Tech platforms heavily rely on gimmicks, evident in memes, interface features, and algorithmic feeds. Algorithms “try too hard,” make mistakes, dictate consumption, flaunt labor-saving capacity – instilling ambivalence indexing our dependency. Algorithmic feeds offer a gimmicky self, saving the “labor” of self-creation through media consumption – a false identity revealing both surveillance and “hidden truth” under capitalism.
Like marketing, gimmicks let us “see through” them, feeling superior, yet lodging their framing in our consciousness. We simultaneously believe and disbelieve. Gimmicks allow holding contradictions, examining and disavowing capitalist desires, displacing induced desire onto gimmicks, enjoyed through debunking and enchantment.
“The conjoining of enigma and transparency in the gimmick points to a key shift in… illusions,” Ngai notes, applying to algorithms. It reflects “our simultaneous recognition of what we can but also cannot grasp about a productive process… as well as a double-sided gestalt: ‘work’ conjoined to an equivocal ‘zero’ or disappearance of work.” We understand algorithms generally, know they can’t “really” define us, yet find ourselves trapped, predicted and controlled. They provide a proxy for “desire of the desire of the other,” distorting sociality – social distancing without social connection. Within algorithmic media, we perceive others, even “connect,” but veiled by perpetual processing. All we know of others’ desires is a faint self-reflection, limited by that horizon.

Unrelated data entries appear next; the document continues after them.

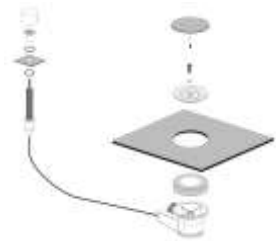

Afvoer babybad

Afvoersysteem voor babybad.

3.04.046

Afkor N.V.

Torkonjestraat 21E
8510 Kortrijk - Marke
België

T +32 (0)56 25 86 56
T +32 (0)16 69 92 36

info@afkor.be
www.afkor.be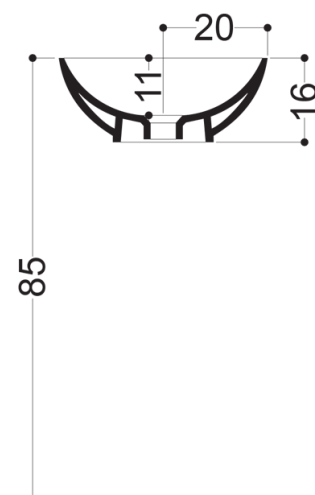

CI404013 : Lavabo céramique à poser CIOTOLA

CRISTINA
RUBINETTERIE

ondyna

Caractéristiques

- 40 x 40 cm
- Garantie 5 ans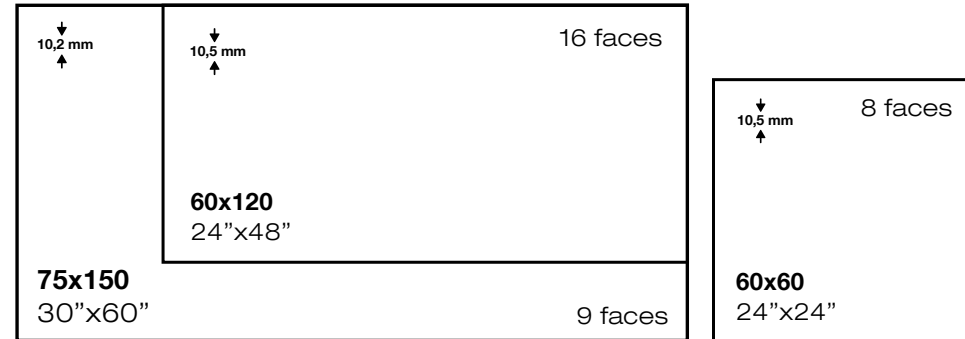

riola

pavimento _ porcelánico _ mate _ rectificado
floor tile _ porcelain _ matt _ rectified

Serie también disponible en pulido pág. 188
Series also available in polished p. 188
Série également disponible en poli p. 188
Serie auch in poliert erhältlich p. 188

Drott argues streaming companies invest in predictive analytics for business reproduction, not user-music matching. Whether listeners are truly “taken in” remains open, but platforms strive to “fabricate a desire” for their curation. TikTok seems to succeed, selling waning affect as a service, aiming to be the “master gimmick,” resolving capitalist desire’s ambivalence into a ceaseless stream of subjectivizing content. The next video, in this algorithmic prophecy, will reveal who you are, or perhaps, how you will become.